I went back to my command history and confirmed how the “unique-only” BAM files were generated. I filtered the original STAR BAM files by retaining only alignments with the NH:i:1 tag (reads with a single reported alignment). The command was essentially:
samtools view -h input.bam |
awk ‘BEGIN{OFS=”\t”} /^@/ {print; next} $0 ~ /NH:i:1/ {print}’ |
samtools view -b -o output.unique.bam
The filtered BAMs were then sorted and indexed.
From these BAMs I generated the splice junction files using:
majiq-v3 sj BAM annotation.sg.zarr sample.sj
Then I built a single cohort splicegraph from all SJ files:
majiq-v3 build annotation.sg.zarr sg.zarr –sj *.sj
After that, I ran psi-coverage for each sample using the same splicegraph:
majiq-v3 psi-coverage sg.zarr sample.psicov sample.sj
Finally, I generated the TSV outputs with majiq-v3 quantify.
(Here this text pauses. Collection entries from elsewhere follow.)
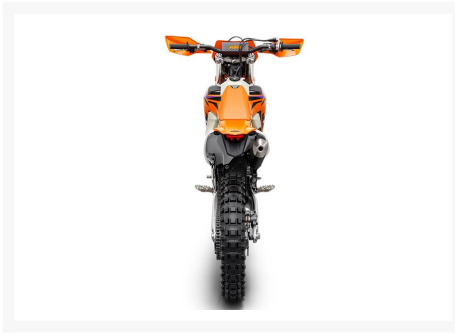

### Product Images

PROMO

TAP À PARTIR DE 0,99 % / 36 MOIS\*

\*Offre soumise à conditions. Plus de détails en magasin.

## Description

---

Faites vite PROMOTION de 750.0\$

Concessionnaire des véhicules neufs et d'occasion. Motocross KTM 150 XC-W 2024 Modèle enduro d'entrée de gamme de l'arsenal XC-W, la KTM 150 XC-W 2024 n'est pas aussi sage qu'elle en a l'air. Avec les mêmes améliorations que le reste de la gamme KTM XC-W 2024 - tout nouveau cadre, suspensions à cartouche fermée, nouvel habillage et tout nouveau système de corps d'injection électronique - elle a tout ce qu'il faut pour jouer dans la cour des grands, tout en imposant le respect.
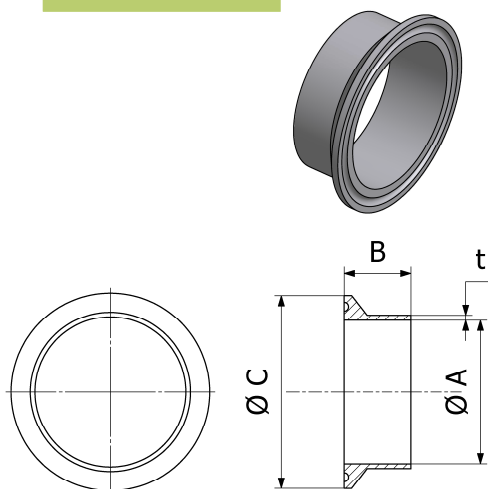

Famille : 13

Ferrule à souder Inox

Taille	A	B	C	t	304		316 L	
					Référence	Prix unit.	Référence	Prix unit.
25	22,6	21,5	50,5	1,2	9611-31-019-1	12,44 €	9612-9901-07	14,12 €
38	35,6	21,5	50,5	1,2	9611-31-020-1	12,68 €	9612-9901-08	14,60 €
51	48,6	21,5	64	1,2	9611-31-021-1	14,12 €	9612-9901-09	16,61 €
63	60,3	21,5	77,5	1,6	9611-31-022-1	17,50 €	9612-9901-10	20,24 €
76	72,9	21,5	91	1,6	9611-31-023-1	21,99 €	9612-9901-11	25,19 €
101	97,6	21,5	119	2,0	9611-31-024-1	42,13 €	9612-9901-12	49,76 €

Famille : 13

Obturbateur Inox

Taille	A	B	304		316 L	
			Référence	Prix unit.	Référence	Prix unit.
25-38	50,4	6,4	9611-34-059-0	9,31 €	9611-34-060-0	15,08 €
51	63,9	6,4	9611-34-059-1	12,44 €	9611-34-060-1	19,19 €
63	77,4	6,4	9611-34-059-2	16,61 €	9611-34-060-2	21,99 €
76	90,9	6,4	9611-34-059-3	19,49 €	9611-34-060-3	28,81 €
101	118,9	6,4	210506	78,16 €	9611-34-060-4	47,36 €

Famille : 13

Collier Clamp Inox

Taille	A	B	C	304	
				Référence	Prix unit.
25/38	90,9	63,8	54,0	211053	27,96 €
51	103,9	77,4	67,1	211054	34,09 €
63	117,6	90,4	81	211055	39,46 €
76	130,9	103,6	94,5	211056	42,92 €
101	159,5	132,6	122,2	211057	52,07 €
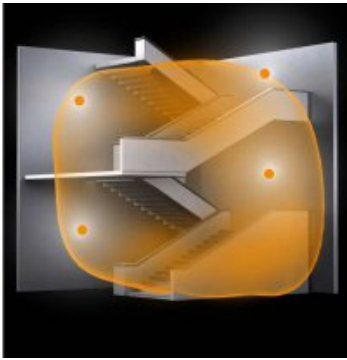

STEINEL PLAFONIERA RS PRO LED R1 CU SENZOR DE MISCARE INALTA FRECVENTA,11 W,LUMINA CALDA,ALB

Plafoniera cu senzor de miscare ideala pentru colidoare,casa scarilor,bai.

Lampa cu un design modern si elegant este de inalta frecventa usor de instalat si cu un pret atractiv.

Lampa are incorporat complet sub abajur, un senzor de miscare performant ce actioneaza pe o raza intre 1 si 8 m, acopera o suprafata de aproximativ 50 mp.

Led-ul cu care este dotata lampa are o durata de viata de 50000 de ore apoximativ 30 de ani la o functionare medie de 4,5 ore /zi.

Lampa poate functiona in parale cu alte lampi prin conectare cu conductor iar numarul maxim fiind de 10 lampi.

Lampa are un diametru de 27 cm si o inaltime de 7 cm.

Utilizare recomandata pentru interior IP 20.

So the difference between the two analyses is only in the BAM filtering step (original BAMs vs BAMs filtered with NH:i:1), while the rest of the MAJIQ workflow was the same.
From your explanation, I understand that this filtering is stricter than MAJIQ’s internal handling, since MAJIQ excludes unmapped and secondary alignments but may still retain the primary alignment of reads that have multiple reported mappings.
This may explain the differences observed between the analyses.